CoREB uses `relevance_level=2` — only rel>=2 items count as relevant for binary metrics (Recall, MAP, Precision). Hard negatives (rel=1) penalize nDCG by occupying top ranks with zero gain but do not inflate Recall/MRR.

```python
# The EvaluateRetrieval class handles this automatically:
# - rel=1 (hard negatives) are zeroed out for nDCG computation
# - relevance_level=2 is set for pytrec_eval binary metrics
print(f"Relevance threshold: {EvaluateRetrieval.RELEVANCE_LEVEL}")  # 2
```

## Dataset Structure

Available on HuggingFace: [`hq-bench/coreb`](https://huggingface.co/datasets/hq-bench/coreb)
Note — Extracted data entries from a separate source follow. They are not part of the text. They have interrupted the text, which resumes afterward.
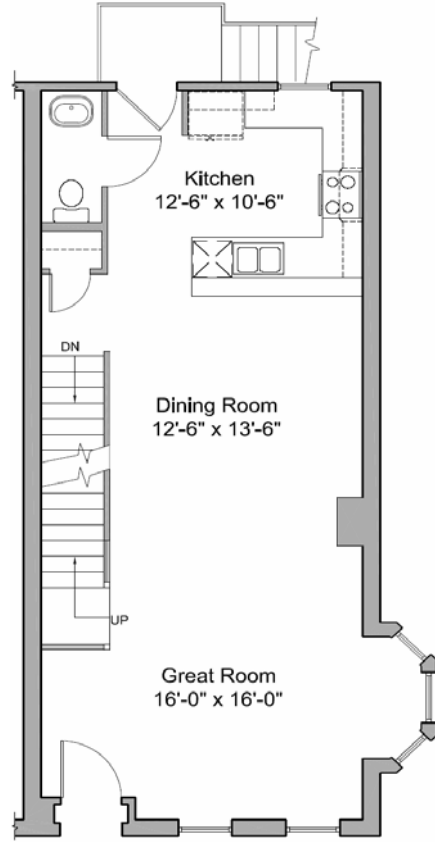

PLAN B3

1,700 Square Feet
2 Bedrooms/2.5 Baths, Bay Window
Available in Buildings 1 & 3

FIRST FLOOR PLAN

ALTERNATE FIRST FLOOR PLAN

SECOND FLOOR PLAN

LOWER LEVEL

**8 configs** x **2 splits** (`release_v2602`, `release_v2603`):

| Config | v2603 Rows | Description |
|--------|-----------|-------------|
| `code_corpus` | 1,744 | Code solutions (5 languages, 2 generator models) |
| `text_corpus` | 875 | Problem descriptions (175 original + 700 LLM noise) |
| `text2code_queries` | 1,123 | T2C queries (canonical, full, search subtasks) |
| `text2code_qrels` | 5,950 | T2C relevance judgments (2,814 pos + 3,136 hard neg) |
| `code2code_queries` | 278 | C2C queries (cross-language) |
| `code2code_qrels` | 1,457 | C2C relevance judgments (623 pos + 834 hard neg) |
| `code2text_queries` | 1,200 | C2T queries (canonical, full, match subtasks) |
| `code2text_qrels` | 4,610 | C2T relevance judgments (820 pos + 2,650 hard neg) |

## Benchmark Results (v202603, nDCG@10)

| Rank | Model | Avg | T2C | C2C | C2T |
|------|-------|-----|-----|-----|-----|
| 1 | GemEmb-2 | 0.639 | 0.434 | 0.698 | 0.784 |
| 2 | C2LLM-7B | 0.623 | 0.443 | 0.659 | 0.766 |
| 3 | jina-code-1.5b | 0.607 | 0.414 | 0.671 | 0.735 |
| 4 | C2LLM-0.5B | 0.604 | 0.430 | 0.657 | 0.725 |
| 5 | jina-code-0.5b | 0.596 | 0.386 | 0.677 | 0.725 |
| 6 | F2LLM-4B | 0.547 | 0.407 | 0.500 | 0.735 |
| 7 | Qwen3-Emb-4B | 0.495 | 0.390 | 0.392 | 0.704 |
| 8 | F2LLM-1.7B | 0.485 | 0.383 | 0.383 | 0.690 |
| 9 | Qwen3-Emb-0.6B | 0.443 | 0.349 | 0.384 | 0.597 |
| 10 | F2LLM-0.6B | 0.439 | 0.344 | 0.334 | 0.641 |
| 11 | Qwen3-Emb-8B | 0.428 | 0.328 | 0.320 | 0.635 |

## Citation

Coming soon.

## License

This project is licensed under the Apache License 2.0 — see [LICENSE](LICENSE) for details.